Section 6b - Session Information

Section 7 - References


The Problem

The volume and complexity of text-based business data has increased exponentially, and now greatly exceeds the processing capabilities of humans. The vast majority of online Business data is unorganized, and exists in textual form such as emails, support tickets, chats, social media, surveys, articles, and documents. Manually sorting through online Business data, (in order to gain hidden insights), would be difficult, expensive, and impossibly time-consuming.

The internet has also introduced complexity to the demands from Customers to Businesses. The effectiveness of Marketing has been affected by the complexity of the Internet. Growing databases of Customer Responses present difficulties of interpreting the basic requirements from Customers, and the indicators of Customer intent are getting more complex.

New Machine Learning methods are required for improved extraction of business knowledge. New linguistic techniques are needed to mine Customer Response text data.


No alt text provided for this image


Our Solution

A result of the above demand, is the attention Topic Modeling has been gaining in recent years. ContextBase provides Topic Modeling of Client text data to precisely refine Business Policies and Marketing material. Topic Modeling is a text mining method derived from Natural Language Programming and Machine Learning. Topic Models are a solution for classifying document terms into themes, (or “topics”), and is applicable to the analysis of themes within novels, documents, reviews, forums, discussions, blogs, and micro-blogs.

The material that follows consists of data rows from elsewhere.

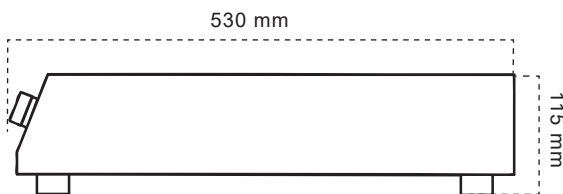

DIMENSI:

TAMPAK DEPAN MENYERONG

TAMPAK ATAS

TAMPAK SAMPING

PT MULTI FLASHINDO KARISMA

JAKARTA (Head Office)
Jl. Hayam Wuruk 114 Blok A No. 4
Maphar, Jakarta - Indonesia 11160
Telepon : +62 21 626 8758
Whatsapp : +62 811 1210 6803
Email : sales.dept@mfk.co.id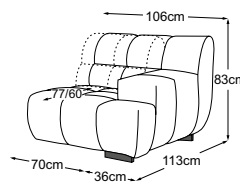

Elemento 70 bracciolo dx
incl. 1 SRM
Codice: D083120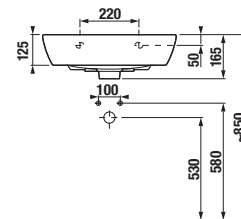

*Dostupné během 1. čtvrtletí 2024

Číslo výrobku	Popis výrobku	yyy: 104	109	Cena bílá
*H810366000yyy1	umyvadlo 50 cm			1 328 Kč
*H810366000yyy1	umyvadlo 50 cm	x	x	1 328 Kč

Objednat zvlášť:		Cena
H3747100040001	umyvadlový sifon Mio 5/4"-32 mm, chrom, mosaz	1 206 Kč
H3917100040001	umyvadlová výpust Click-Clack	594 Kč
H3742F07160001	umyvadlový sifon Mio Style G5/4" × DN32, ABS, černý matný	749 Kč
H3702F97161031	umyvadlová výpust Click-Clack, černá matná	617 Kč
H8903490000001	instalační sada pro umyvadla	71 Kč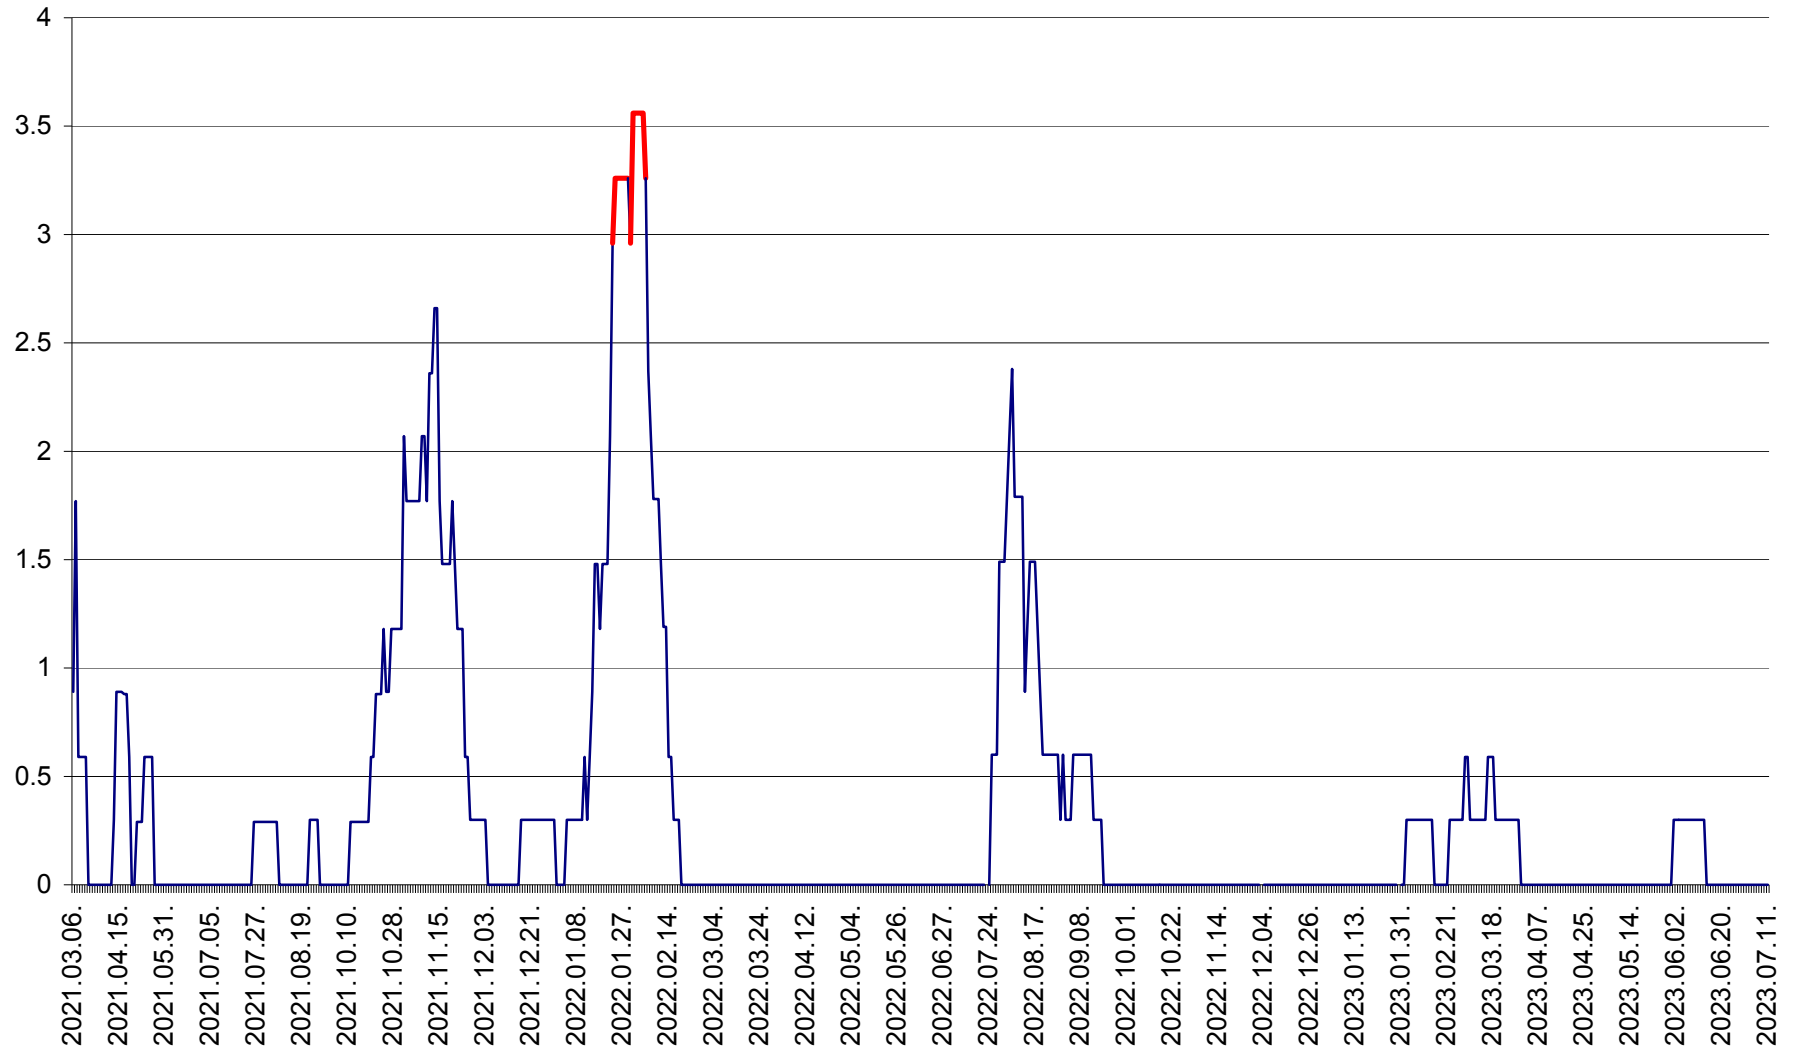

LELICENI - Evolutia incidentei cumulate pe 14 zile la ‰ de locuitori
2021.03.07. - 2023.07.11.

LUETA - Evolutia incidentei cumulate pe 14 zile la ‰ de locuitori
2021.03.07. - 2023.07.11.

LUNCA DE JOS - Evolutia incidentei cumulate pe 14 zile la ‰ de locuitori
2021.03.07. - 2023.07.11.

LUNCA DE SUS - Evolutia incidentei cumulate pe 14 zile la ‰ de locuitori
2021.03.07. - 2023.07.11.

LUPENI - Evolutia incidentei cumulate pe 14 zile la ‰ de locuitori
2021.03.07. - 2023.07.11.

MĂDĂRAȘ - Evolutia incidentei cumulate pe 14 zile la ‰ de locuitori
2021.03.07. - 2023.07.11.

ContextBase begins the process of Topic Modeling with Data Scientist/Programmer awareness of the sensitivity of Topic Modeling algorithms. After the Topic Modeling of Client text data, ContextBase manually characterizes the resulting topics to refine the arbitrariness of the topics. ContextBase also maintains awareness of Topic Model changes dependent on varying document contents.

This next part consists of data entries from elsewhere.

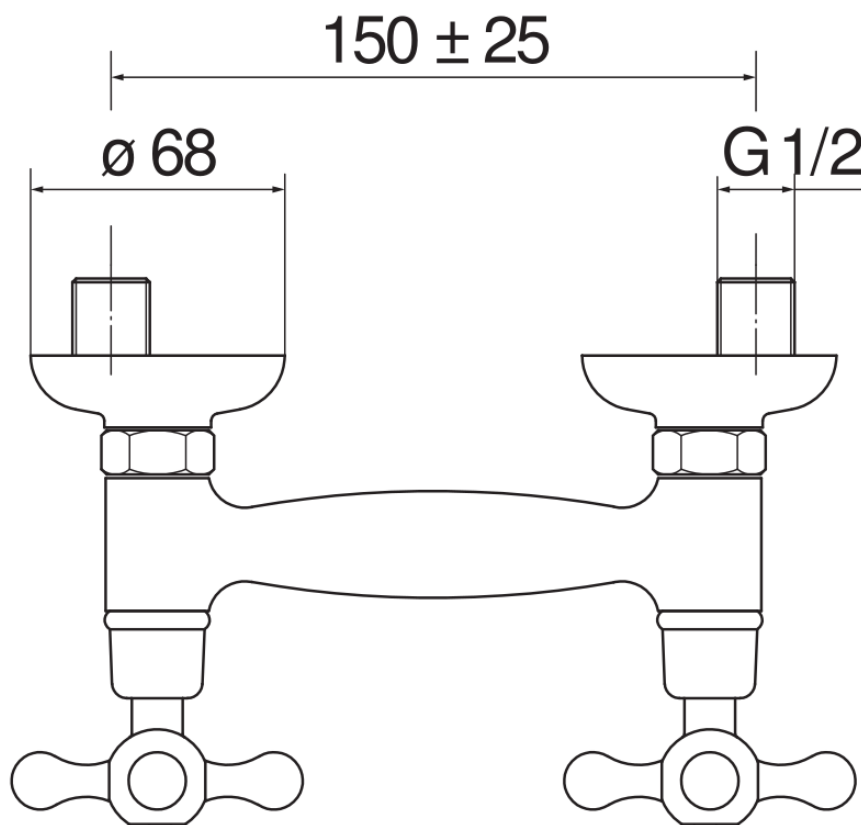

технические характеристики

Наружный блок

Ancient bronze

Излив ø 1/2"

упаковка: 24 x 11 x 8 cm / 0,00211 m<sup>3</sup> / 1,35 kg

Достоверную информацию уточняйте на [santehnica.ru](http://santehnica.ru).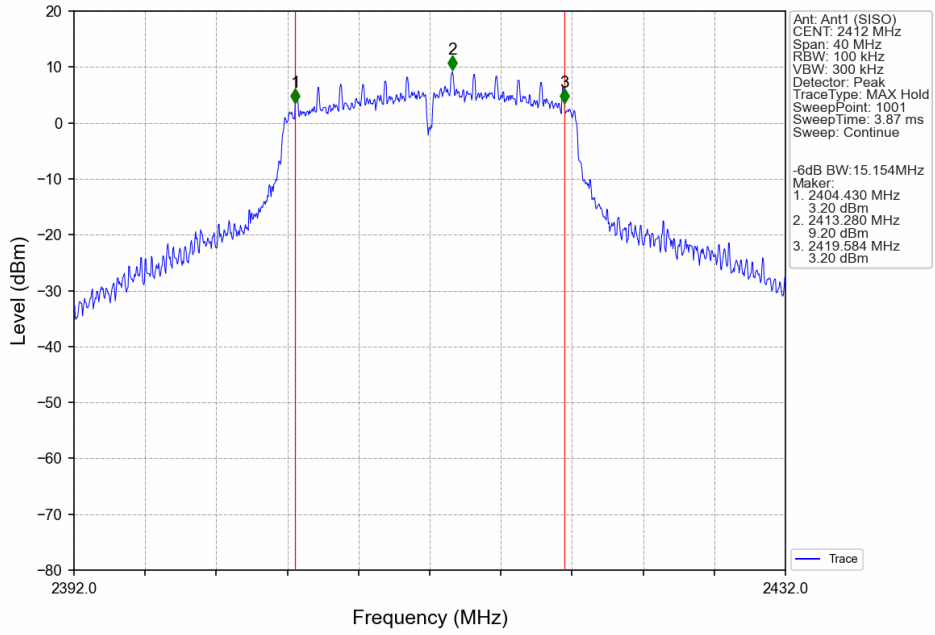

802.11ax(HEW40) MCH 2437MHz RU484 Left Ant0 (MIMO) NTV

802.11ax(HEW40) MCH 2437MHz RU484 Left Ant1 (MIMO) NTV

802.11ax(HEW40) HCH 2452MHz RU484 Left Ant0 (MIMO) NTN

802.11ax(HEW40) HCH 2452MHz RU484 Left Ant1 (MIMO) NTN

### 2.2.2 6dB BW

802.11b MCH 2437MHz Ant0 (SISO) NTVN

802.11b MCH 2437MHz Ant1 (SISO) NTVN

802.11b HCH 2462MHz Ant0 (SISO) NTVN

802.11b HCH 2462MHz Ant1 (SISO) NTVN

802.11g LCH 2412MHz Ant0 (SISO) NTN

802.11g LCH 2412MHz Ant1 (SISO) NTN

802.11g MCH 2437MHz Ant0 (SISO) NTVN

802.11g MCH 2437MHz Ant1 (SISO) NTVN

802.11g HCH 2462MHz Ant0 (SISO) NTN

802.11g HCH 2462MHz Ant1 (SISO) NTN

802.11n(HT20) LCH 2412MHz Ant0 (MIMO) NTN

802.11n(HT20) LCH 2412MHz Ant1 (MIMO) NTN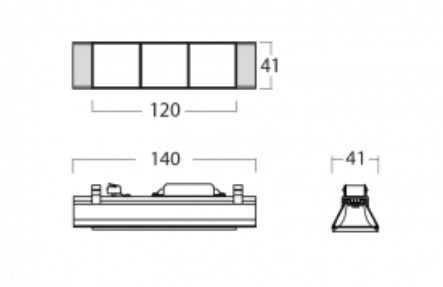

Technický výkres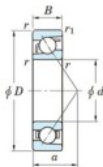

Roulement à bille simple rangée 7305-C-FY-JTEKT - 7305-C-FY-JTEKT

<https://www.123roulement.be/roulement-palier/roulement-bille/simple-rangee/7305-c-fy-jtekt>

Boundary dimensions

Single row angular bearing

Bearing No.	Boundary dimensions(mm)						Basic load ratings(kN)		Fatigue load limit(kN)		factor	Limiting speeds(min-1) Grease lub.
	d	D	B	r(max)	r1(max)	a	C _r	C _{0r}	C _u	C ₁₀		
7305C FY	25	62	17	1.1	0.6	33	15.3	1.2	12.8	19000		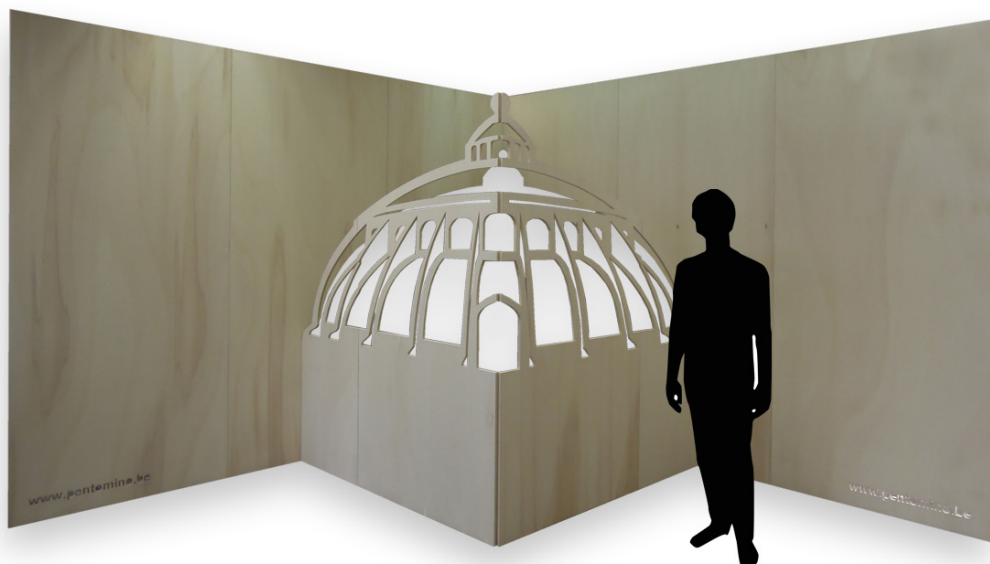

### Projet / Pop Up géant Proximus

Pop up réalisé sur mesure pour la société Proximus dans le cadre d'un événement VIP. Ce dernier avait pour thème les serres royales de Laeken. Nous avons donc installé un pop up géant en panneaux multiplex découpés avec la technologie du jet d'eau. Cette installation, d'une dimension de 7,26 X 2,76 m, faisait office de décor dans lequel les invités pouvaient se prendre en photo «dans» ou «hors» des serres.

Projet en lien : Ce pop up en version réduite (menu)

**Client :** Proximus

**Matériaux :** Bois (Multiplex de bouleau)

**Année :** 2015

© **Pentomino** sprl

rue de Neerpedestraat 861  
Brussel 1070 Bruxelles

The goal of ContextBase’s Topic Modeling of Client text data is to accomplish the programmatic deduction of stable Topic Models. As a result, ContextBase Topic Modeling allows for improvement in the Client’s business processes. This document is a unsupervised Machine Learning Topic Modeling of customer response text data posted to https://www.yelp.com/. The programming language used is R. The analysis includes information on required R packages, session information, data importation, normalization of the text, creation of a document term matrix, Topic Modeling coding, and outputted tables/graphs demonstrating the results of Topic Modeling.

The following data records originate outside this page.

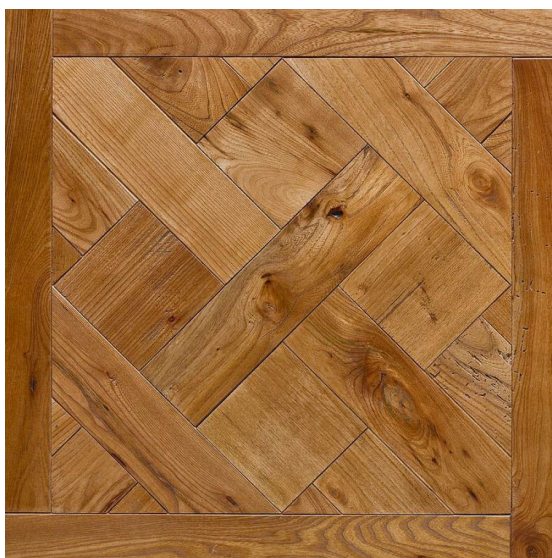

ПАРКЕТ | СТЕНОВЫЕ ПАНЕЛИ | ДВЕРИ

Модули паркета Monpar Composizioni Versailles Вяз античный

Производитель: MONPAR
Код товара: Модули паркета Monpar Composizioni Versailles Вяз античный
Артикул: MON-288
Страна производства: Италия
Коллекция: Composizioni
Размеры: 600x600 мм, любые размеры под заказ
Порода дерева: Вяз
Фаска: С фаской
Тип покрытия: Воск
Соединение: Замковое
Тип поверхности: Матовая
Твёрдость породы: 3,5 по Бринеллю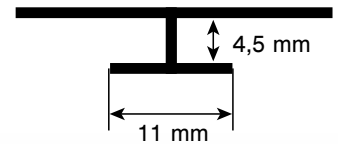

Almond

Peetah Struktur, **2800 x 1230 x 4** mm

5981

Cashmere

Peetah Struktur, **2800 x 1230 x 4 mm**

0171

Slate Grey

Peetah Struktur, **2800 x 1230 x 4 mm**

ZUBEHÖR

ZUBEHÖR

Profile - 2800 mm

Inneneckenprofil

Außeneckenprofil

C - Profil

T - Profil

Farbe der Profile

This paper presents the topic modeling technique known as Latent Dirichlet Allocation (LDA), an intertemporal bimodal network to analyze the evolution of the semantic content of a business and a form of text-mining aiming at discovering the hidden (latent) thematic structure in large archives of documents.


Section 1 - Data Import

The data imported for this project is a collection of 10,000 customer feedback comments, posted to https://www.yelp.com/. To reduce the extensive amount of time required to process 10,096 comments, only the first 1000 comments were selected for processing. The column of comment data within the dataframe was formatted as character variables for subsequent Natural Language Processing algorithms.

# Import Data
import_data <- read.csv("yelp.csv")

# Process imported data for Topic Modeling algorithms
project_data <- data.frame(import_data$text)
rm(import_data)
names(project_data) <- "Data"
project_data$Data <- as.character(project_data$Data)

# Examine data
kable(head(project_data,1), caption = "Table 1. Yelp Data.")

Table 1. Yelp Data.

"My wife took me here on my birthday for breakfast and it was excellent. The weather was perfect which made sitting outside overlooking their grounds an absolute pleasure. Our waitress was excellent and our food arrived quickly on the semi-busy Saturday morning. It looked like the place fills up pretty quickly so the earlier you get here the better. Do yourself a favor and get their Bloody Mary. It was phenomenal and simply the best I’ve ever had. I’m pretty sure they only use ingredients from their garden and blend them fresh when you order it. It was amazing. While EVERYTHING on the menu looks excellent, I had the white truffle scrambled eggs vegetable skillet and it was tasty and delicious. It came with 2 pieces of their griddled bread with was amazing and it absolutely made the meal complete. It was the best “toast” I’ve ever had. Anyway, I can’t wait to go back!"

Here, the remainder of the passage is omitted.